Docherty stresses that while “there’s a huge amount of analysis and insight you can get out of the data the recommendations engine has on its own,” the new analytics platform is designed to easily ingest data-sets from other sources the customer might have access to, such as network statistics – drawing conclusions, for instance, about the levels of network congestion that can cause customers to abandon viewing on-demand content.

Such insights can be generated on-the-fly if required. Docherty notes that ThinkAnalytics’ background, before recommendations, was actually as a real-time data-mining company. “We understand analysis, and what challenges there are whether doing it in batches or in real-time. You can see it from both perspectives. You might want to react very quickly to something that’s happening, or you might want to look back and say, ‘right, we’re seeing these patterns and we’re seeing them over days and months, so we’re actually going to change something from a business or operational perspective – because we now understand better what’s happening.’”

Docherty believes his most likely prospects for the new Big Data product will be existing customers: “All the customers we have on the recommendation engine could benefit from this additional insight, so they’re certainly the initial targets. We think they’re going to like this product and get a lot of benefit from it.”

Indeed, he reveals, “the customers that are thinking about this the most, we’ve already been talking to them for quite a long time about the kinds of things that they would like to see in this kind of product.”

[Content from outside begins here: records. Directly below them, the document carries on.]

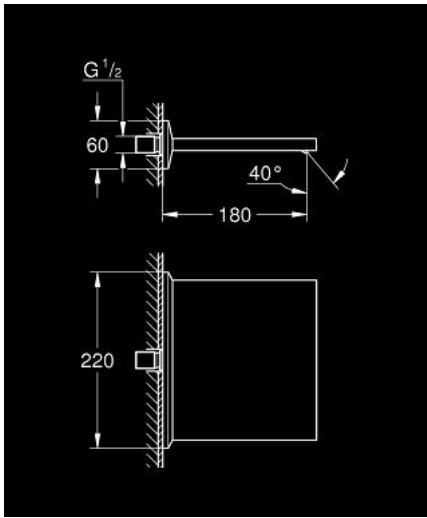

Pure Freude
an Wasser

ALLURE BRILLIANT 13 486 000 صنوبر شلال للبانينو والدش

وصف المنتج:

• اللون: كروم

• مثبت على الجدار

• طلاء كروم GROHE LongLife

• بروز 180 مم

Pure Freude
an Wasser

Besides, as he points out, “if you didn’t have the engine and were trying to do this from scratch, you would have to go and put a whole programme in place to go and get all this data – the viewing data and the metadata and the subscriber data – in order to create the equivalent big data analysis tool.”

Instead, by adding the Big Data product to the existing recommendations infrastructure, “you can get going really fast and you can get a lot of value out of the system, very quickly,” while still being able to “add other data, or develop other KPIs and metrics and reports that you want to have” in the future.